Ψ ψ – ψωμί – Bread. Usually during our trips we try to always have some snack for Ola. A good idea for a snack when traveling is a piece of some kind of bread. Since being on Cyprus we wanted to try some local bread anyway, we visited some local grocery stores looking for something good. Most of times instead of normal bread we were surprised by something strange. Usually by something dry and hard, luckily Ola was able to manage with that of course after necessary long time and much work. Once, expecting a soft bun, we bought topped with sesame fancy-shape rusk, than, buying pita bread, we ended up with some apple stuffed pie, another time we tried something of round shape which happened to be a kind of biscuit full of peppercorns. When finally we found for our daughter some soft bread, Ola was so happy to get it, that after this consumption we had to clead whole back seat of the car. The best bakery products we found in Nicosia on Norhtern Cyprus side. We happened to be wandering it’s streets early morning in some less and less turistic areas. Suddenly we felt this smell of freshly baked bread. On this little street there was a little bakery where three guys were making something of very thin doug with tomato-peper-herbal filling. That was the best breakfast we had on this trip. Even Ola like it, of course only the dough because the filling was kind of spicy. We were happy we went off the main route and found this little place.
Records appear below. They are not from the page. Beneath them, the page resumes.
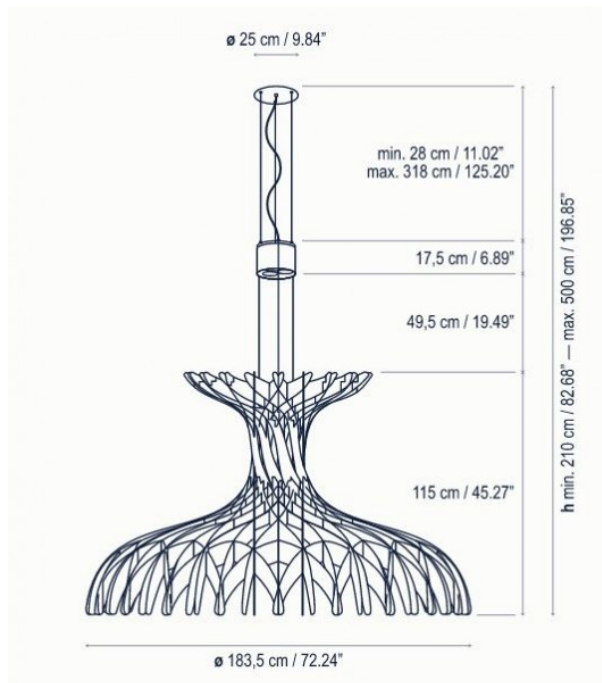

# Bover Dome 180 LED Pendant

LA3727/180

SOURCE: <https://www.davidvillagelighting.co.uk/product/Bover-Dome-180-LED-Pendant/17603>

With Dome 180 by Bover, the LED light source is placed outside of the object, with the illumination shining through the wooden frame and creating magnificent shadows of light, which reflect against your walls and the floor below. The Dome 180 LED Pendant is completely handmade and produced in Barcelona at the Bover headquarters. More than 170 big and small wood fragments are wisely intertwined and sewed one by one to end up in such a jigsaw puzzle.

## PRODUCT SPECIFICATION

- Light Source:** 75W, 2700K, 8250 Lumens
- IP Code:** 20
- Dimming:** Dimmable using leading edge and trailing edge (Triac).
- Dimensions:** Shade: Ø183.5cm  
Shade Height: 115cm  
Maximum Drop: 500cm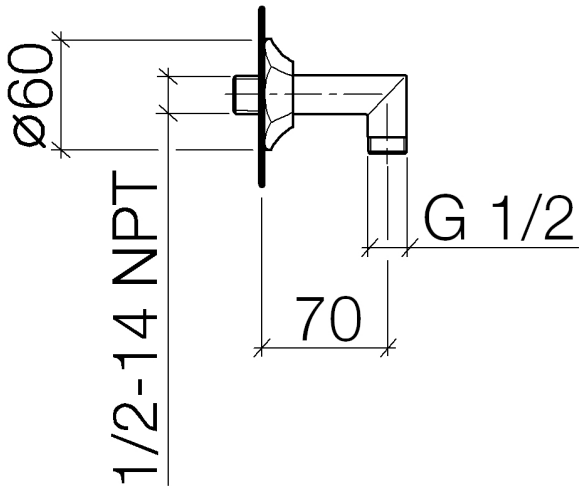

28 450 370

- 1/2" shower outlet
 - rosette Ø 60 mm
 - 1/2" connection
- Intrinsic protection against back flow.**

Intrinsic protection against back flow.

	Chrome	28 450 370-00
	Chrome	28 450 370-00 0010
	Brushed Platinum	28 450 370-06
	Brushed Platinum	28 450 370-06 0010
	Platinum	28 450 370-08
	Platinum	28 450 370-08 0010
	Durabrand (23kt Gold)	28 450 370-09
	Durabrand (23kt Gold)	28 450 370-09 0010
	Brushed Durabrand (23kt Gold)	28 450 370-28
	Brushed Durabrand (23kt Gold)	28 450 370-28 0010
	Brushed Dark Platinum	28 450 370-99
	Brushed Dark Platinum	28 450 370-99 0010

Required miscellaneous

Concealed adapter -

35 080 970-90
0010

28 450 370

Flow rate chart

Certificates

Belgaqua_21-381-
27_7.

28 450 370

Spare parts list

No.	Item Number	Name	Quantity used	Delivery time
1	09 27 37 003-00	rosette	1	10
2	90 14 10 026 00 90	seal	1	2
3	09 11 03 021-00	connection	1	10
4	90 23 01 040 00 90	back-flow preventer	1	2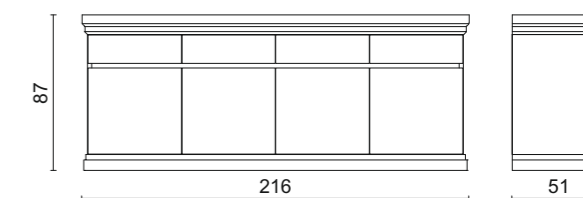

Buffet

220 x 52 x 85 cm

MORITZ | Buffet

MORITZ | Buffet

Moka oak wooden structure.

Bronze finish metal details.

216 x 51 x 87 cm

MORITZ | Glass Cabinet

[photosetgrid layout=”3″]Cyprus, NicosiaCyprus, breadCyprus[/photosetgrid]

OMEGA

Ω ω – ώριμος – Ripe. Cyprus has subtropical climate with average day temperature of 24 degrees Celcius so fruits and vegetables have perfect conditions to ripe there. Besides, olives and grapes we already mentioned, they grow many different kinds of frutis and vegetables there. Along the seaside there are, the most exotic for us, groves of oranges, lemons and peaches. Although watermelons are ready to eat already at the end of May, the best time to come to Cyprus seems to be end of summer, when most of fruits grown there are already ripe. But if you happen to be there in spring, just like us, you can find sweet and tasty ornages and bananas. In fact, no matter when you vistit, there will always be something good there.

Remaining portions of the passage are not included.